Reptile verification code processing and IP processing

Introduction

  • When the relevant portal website logs in, if the user logs in more than 3 or 5 times in a row, it will be dynamically generated on the login page Verification code. Through the verification code, the effect of diversion and anti-climbing is achieved.

  - 1. Grab the page data carrying the verification code

  – 2. The verification code in the page data can be parsed, and the verification code image can be downloaded to the local

< span class="hljs-bullet">  – 3. You can submit the verification code picture to the third party platform for identification, and return the Data value

    -Cloud coding platform:  

       1. Register on the official website (general Users and developer users)

      -2. Log in as a developer user :

    -1. Download the example code (Development document-“Call example and The latest DLL-“PythonHTTP example download)

    -2. Create a software: My software-“Add new software span>

< span class="hljs-bullet">< span class="hljs-code">    -3. Use the code in the source file in the sample code to modify and make it recognize Data value in the image of the verification code< /span>

< span class="hljs-bullet">< span class="hljs-code">Code display:

#This function calls the relevant interface of the coding platform to identify the specified verification code image and returns the data value on the image< /span>

def getCode(codeImg):
# The username of ordinary users of the cloud coding platform
username = 'bobo328410948'

# The password of ordinary users of the cloud coding platform
password = 'bobo328410948'

# The developer divides the software ID into the necessary parameters. Log in to the developer background [My Software] to get it!
appid = 6003

# The developer divides the software key into the necessary parameters. Log in to the developer background [My Software] to get it!
appkey = '1f4b564483ae5c907a1d34f8e2f2776c'

# Verification code image file
filename = codeImg

# Verification code type, # Example: 1004 means 4 alphanumeric characters , Different types of charges are different. Please fill in accurately, otherwise the recognition rate will be affected. Check all types here http://www.yundama.com/price.html
codetype = 3000

# Timeout, seconds
timeout = 20

# Check
if (username == 'username'):
print('Please set the relevant parameters and test again')
else:
# Initialization
yundama = YDMHttp(username, password, appid, appkey)

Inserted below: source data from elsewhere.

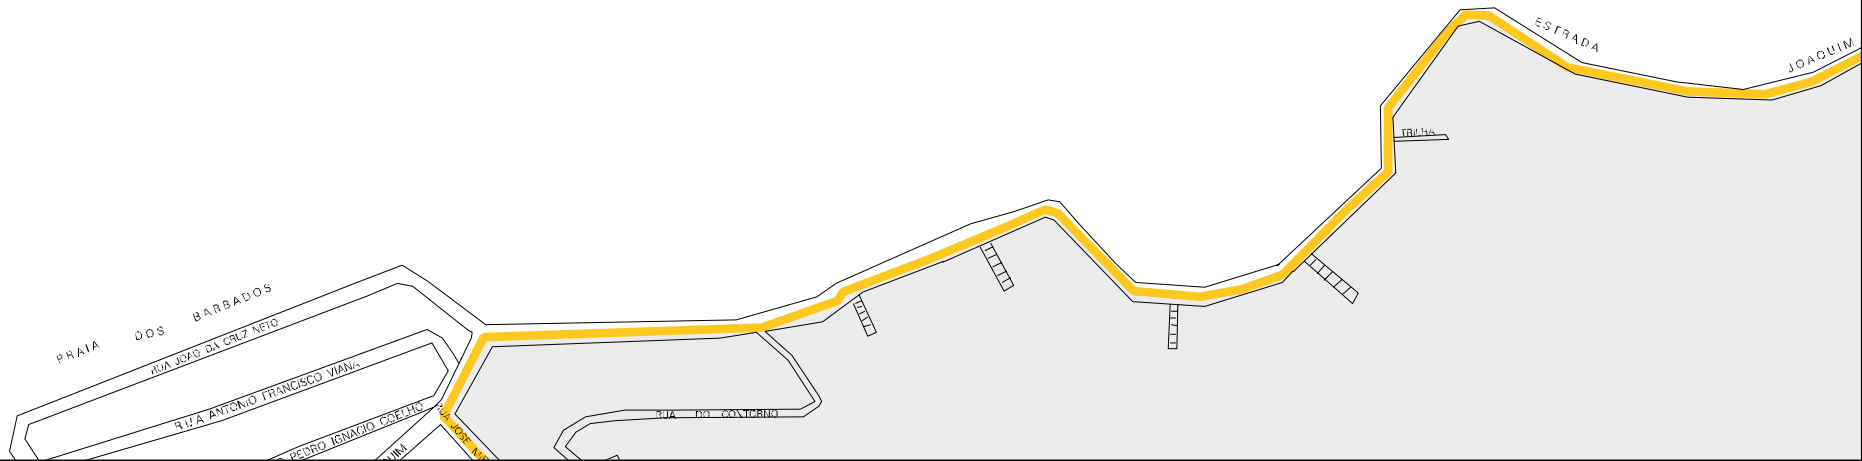

SACO DA COFOA GRANDE

PONTA DA PEDRA

PONTA DA MANGARATIBA

ESTRADA

JOAQUIM

PRAIA DOS BARBADOS

RUA JOAO DA CRUZ NETO

RUA ANTONIO FRANCISCO VIANE

RUA PEDRO JENACIO COSTA

RUA DA COLONHIA

TRILHA

PONTA

33 02007 05 00 0109

SACO DO ENGENHO

RUA LUIZ GUSTAVO DE ALBUQUERQUE FERREIRA

RUA RUIZ LOPES COELHO

AVENIDA TRIGATA

RUA C.
RUA BENEDETO GOMES
RUA FERREIRA

RUA TRIGATA

CENSO AGROPECUARIO 2006
CONTAGEM DA POPULAÇÃO 2007

MUNICIPIO: 02007 - ITAGUAÍ
DISTRITO: 05 - ITAGUAÍ
SUBDISTRITO: 00
SETOR: 0109 SITUACAO: 10

ESTADO DO RIO DE JANEIRO
MAPA DE SETOR URBANO - MSU
ESCALA: 1 : 7854

# Log in to the cloud to code
uid = yundama.login();
print('uid: %s' % uid)

# Check balance
balance = yundama.balance();
print('balance: %s' % balance)

# Start identification, image path, verification code type ID, timeout (Seconds), recognition result
cid, result = yundama.decode(filename, codetype, timeout);
print('cid: %s, result: %s' % (cid , result))

return result

import requests

from lxml import etree
import json
import time
import re
#1. Grab the page data carrying the verification code< /span>
url = 'https://www.douban.com/accounts/login?source =movie'
headers
= {
'User-Agent': 'Mozilla/5.0 (Linux; Android 6.0; Nexus 5 Build/MRA58N) AppleWebKit/537.36 (KHTML, like Gecko) Chrome/70.0.3538.77 Mobile Safari/537.36'
}
page_text
= requests.get(url=url,headers=headers).text

#2. The verification code in the page data can be parsed and verified Download the code picture to the local
tree = etree.HTML(page_text)
codeImg_url
= tree.xpath('//*[@id= "captcha_image"]/@src')[0]
#Get the binary data value corresponding to the verification code image
code_img = requests.get(url=codeImg_url,headers=headers).content


#Get capture_id
'captcha'< /span>
c_id
= re.findall('',page_text ,re.S)[0]
with open(
'./code.png< span style="color: #800000;">'
,'wb') as fp:
fp.write(code_img)

#Get the data value above the verification code image
codeText = getCode('./code.png')
print(codeText)
#Sign in
post = 'https://accounts.douban.com/login '
data
= {
"source": "movie",
"redir": "https://movie.douban.com/< /span>",
"form_email": "15027900535",
"form_password": "[emailprotected]",
"captcha-solution":codeText,
"captcha-id":c_id,
"login": "Sign in",
}
print(c_id)
login_text
= requests.post(url=post,data=data,headers=headers).text
with open(
'./login.html< span style="color: #800000;">'
,'w',encoding=' utf-8') as fp:
fp.write(login_text)

IP proxy:

  • What is a proxy?
    • Agent is a third party to handle related affairs instead of Ontology. For example: Agents in life: purchasing agent, intermediary, wechat business…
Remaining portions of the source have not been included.